Recent progress has expanded the use of large language models (LLMs) in drug discovery, including synthesis planning. However, objective evaluation of retrosynthesis performance remains limited. Existing benchmarks and metrics typically rely on published synthetic procedures and Top-K accuracy based on single ground-truth, which does not capture the open-ended nature of real-world synthesis planning. We propose a new benchmarking framework for single-step retrosynthesis that evaluates both general-purpose and chemistry-specialized LLMs using ChemCensor, a novel metric for chemical plausibility. By emphasizing plausibility over exact match, this approach better aligns with human synthesis planning practices. We also introduce CREED, a novel dataset comprising millions of ChemCensor-validated reaction records for LLM training, and use it to train a model that improves over the LLM baselines under this benchmark.

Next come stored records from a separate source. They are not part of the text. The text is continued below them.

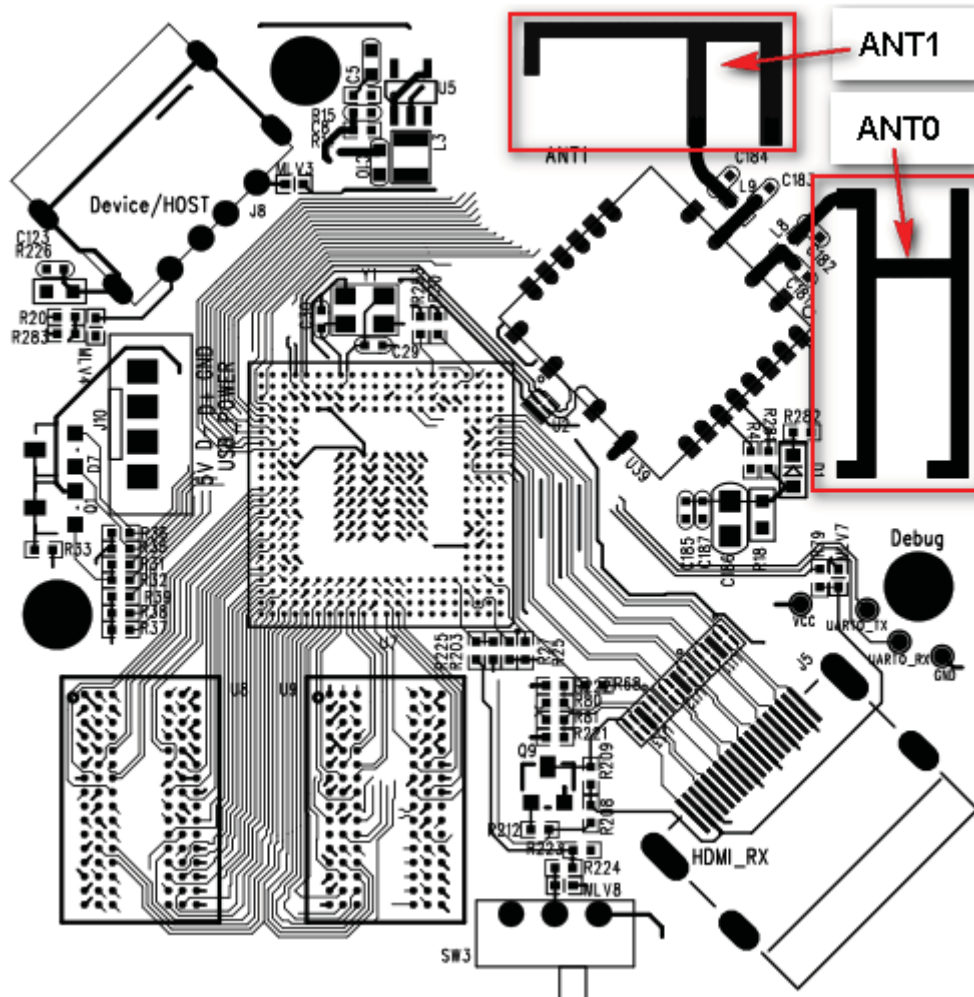

Trans Electric Co., Ltd.

ADD: 771, Sec. 2, Chungsan Road, Huatang, Changhua, Taiwan

Email: gracet@mail.px.com.tw

Tel: 886 4 763-3361 Extension:210

Date: 2021-07-21

---

Dear Sir or Madam:

The RF module, model RTL8821CU, installed in our product: HD Wireless Conference System, which supports Bluetooth, 2.4GHz/5GHz WiFi functions. But for marketing purpose, only 802.11 ac40 in 5150-5250GHz band was used in this product, all the other bands/functions have been shielded by manufacturer though software.

Meanwhile, The product installed 2 antennas, but for marketing purpose, only ANTO will enabled, the ANT1 has been disabled by manufacturer though software.

We confirm that all information above is true, and we'll be responsible for all the consequences. Please contact me if you have any question.

Sincerely,

Signature:

A handwritten signature in black ink that reads "Grace Wang". The signature is written in a cursive style with a large, looped "G" and a long, sweeping "W".

Grace Wang

Title: Vice-General Manager, Intel' sales Dept.

翻译：近年来，大语言模型（LLMs）在药物发现（包括合成路线规划）中的应用不断扩展。然而，对逆合成性能的客观评估仍然有限。现有的基准和指标通常依赖于已发表的合成路线以及基于单一标准答案的Top-K准确率，这未能捕捉到现实世界合成路线规划的开放本质。我们提出了一个新的单步逆合成基准框架，该框架使用ChemCensor（一种用于评估化学合理性的新颖指标）来评估通用型和化学专用型LLMs。通过强调合理性而非精确匹配，该方法能更好地与人类合成规划实践保持一致。我们还引入了CREED，这是一个包含数百万条经ChemCensor验证的反应记录、用于LLM训练的新颖数据集，并利用它训练了一个模型，该模型在此基准下超越了LLM基线。